→ **Exercise**:
Once the line with "FELICITY LR2672 SINGLE" is found in the entries below, print it and each following line exactly, stopping after the line with "Wall Plug supplied."; print nothing else.

Dataset records
++++

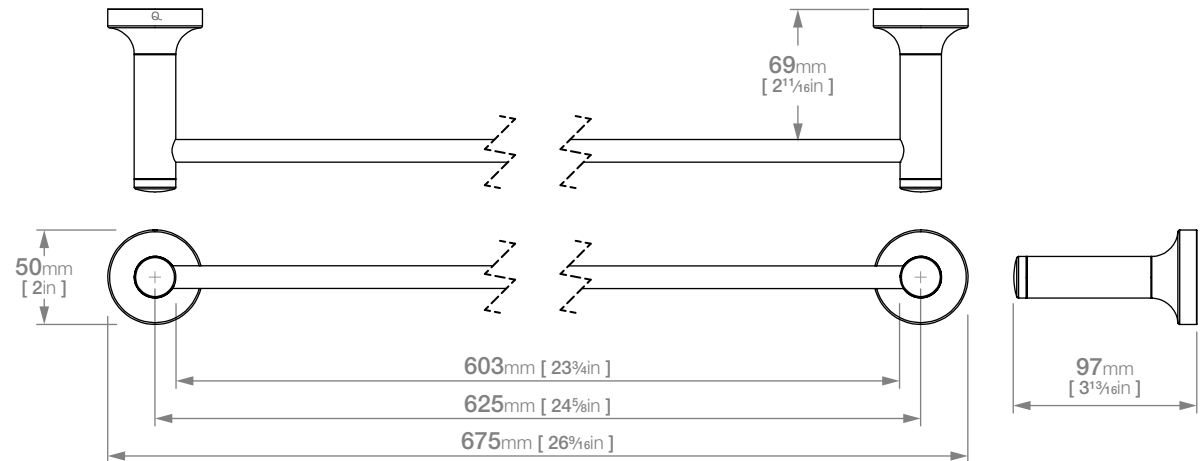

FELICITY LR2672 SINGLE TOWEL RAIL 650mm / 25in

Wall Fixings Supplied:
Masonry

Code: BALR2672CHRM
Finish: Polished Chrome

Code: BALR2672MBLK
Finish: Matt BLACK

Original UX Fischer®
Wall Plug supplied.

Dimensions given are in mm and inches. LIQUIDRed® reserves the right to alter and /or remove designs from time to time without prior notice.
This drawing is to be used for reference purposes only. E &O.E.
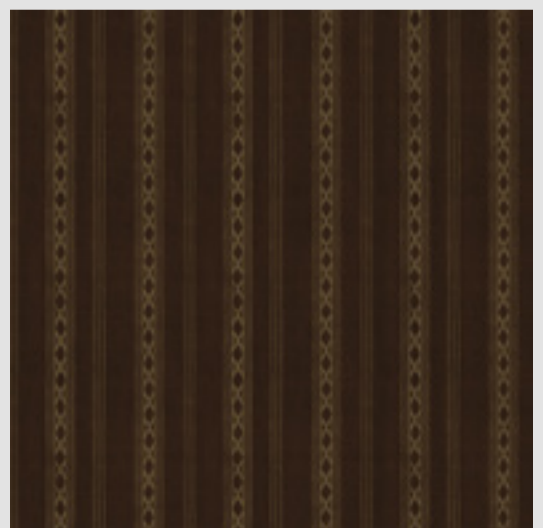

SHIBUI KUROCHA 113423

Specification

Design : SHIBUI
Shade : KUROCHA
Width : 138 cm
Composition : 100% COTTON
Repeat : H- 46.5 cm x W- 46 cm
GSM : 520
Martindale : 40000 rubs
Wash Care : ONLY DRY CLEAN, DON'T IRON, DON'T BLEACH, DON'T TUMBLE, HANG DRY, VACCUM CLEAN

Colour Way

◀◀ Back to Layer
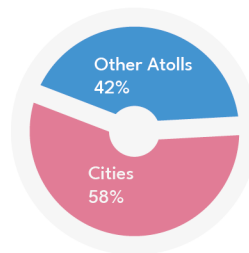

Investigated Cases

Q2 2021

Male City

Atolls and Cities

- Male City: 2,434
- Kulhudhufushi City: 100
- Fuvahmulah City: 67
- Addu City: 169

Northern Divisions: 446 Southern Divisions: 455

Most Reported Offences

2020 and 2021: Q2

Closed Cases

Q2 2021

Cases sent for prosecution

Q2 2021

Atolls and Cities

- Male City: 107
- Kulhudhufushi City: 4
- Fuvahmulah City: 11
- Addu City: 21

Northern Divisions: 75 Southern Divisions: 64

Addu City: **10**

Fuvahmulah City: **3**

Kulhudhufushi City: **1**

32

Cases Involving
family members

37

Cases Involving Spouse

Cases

++++

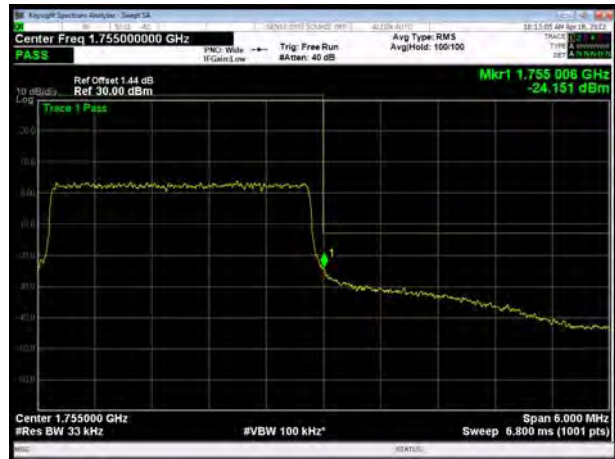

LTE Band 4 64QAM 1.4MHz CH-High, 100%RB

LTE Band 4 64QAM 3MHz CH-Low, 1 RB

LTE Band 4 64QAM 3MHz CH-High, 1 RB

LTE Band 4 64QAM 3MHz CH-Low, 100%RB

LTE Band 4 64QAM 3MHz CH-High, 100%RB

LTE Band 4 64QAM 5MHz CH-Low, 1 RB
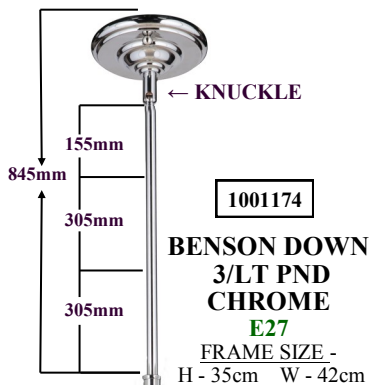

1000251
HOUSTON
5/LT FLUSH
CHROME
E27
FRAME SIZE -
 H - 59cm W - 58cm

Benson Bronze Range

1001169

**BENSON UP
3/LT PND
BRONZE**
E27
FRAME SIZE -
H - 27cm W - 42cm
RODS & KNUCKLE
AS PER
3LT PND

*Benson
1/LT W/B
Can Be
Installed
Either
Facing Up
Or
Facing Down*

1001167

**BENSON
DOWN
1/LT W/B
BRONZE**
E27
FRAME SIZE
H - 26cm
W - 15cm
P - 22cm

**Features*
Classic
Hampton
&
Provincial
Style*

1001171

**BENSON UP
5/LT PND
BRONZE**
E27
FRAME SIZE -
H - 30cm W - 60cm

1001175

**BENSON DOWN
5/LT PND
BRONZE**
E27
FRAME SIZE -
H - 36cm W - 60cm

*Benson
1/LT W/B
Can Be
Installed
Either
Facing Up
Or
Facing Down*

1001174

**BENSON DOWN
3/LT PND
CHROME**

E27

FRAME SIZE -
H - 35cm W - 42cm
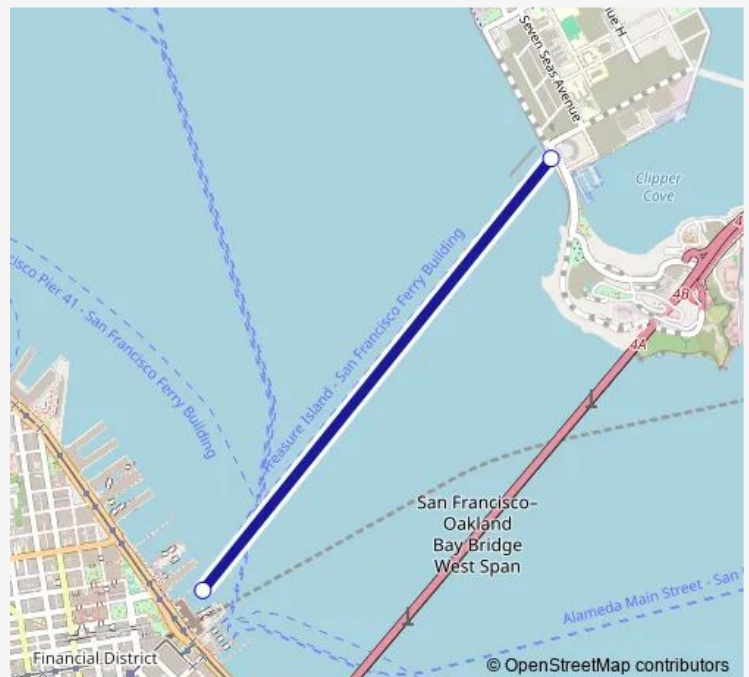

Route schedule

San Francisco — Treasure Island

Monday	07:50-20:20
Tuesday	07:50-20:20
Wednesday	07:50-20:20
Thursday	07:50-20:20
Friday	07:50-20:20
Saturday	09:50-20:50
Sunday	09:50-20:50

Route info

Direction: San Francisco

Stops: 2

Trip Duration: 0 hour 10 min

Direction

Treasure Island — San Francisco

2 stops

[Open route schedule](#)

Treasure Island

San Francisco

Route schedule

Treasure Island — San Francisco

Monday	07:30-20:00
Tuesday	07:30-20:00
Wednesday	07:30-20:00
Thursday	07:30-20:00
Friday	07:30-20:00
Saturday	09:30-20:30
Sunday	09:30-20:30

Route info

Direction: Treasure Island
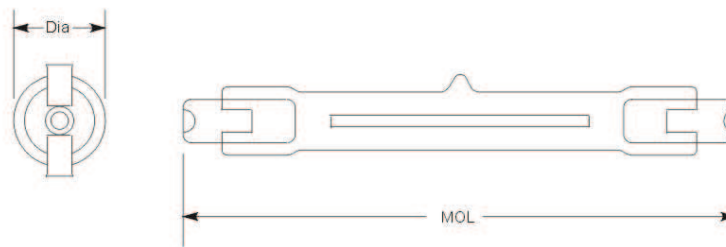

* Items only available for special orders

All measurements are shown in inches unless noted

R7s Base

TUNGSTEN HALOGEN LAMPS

++++

→ **Response area**:
FELICITY LR2672 SINGLE TOWEL RAIL 650mm / 25in

Wall Fixings Supplied:
Masonry

Code: BALR2672CHRM
Finish: Polished Chrome

Code: BALR2672MBLK
Finish: Matt BLACK

Original UX Fischer®
Wall Plug supplied.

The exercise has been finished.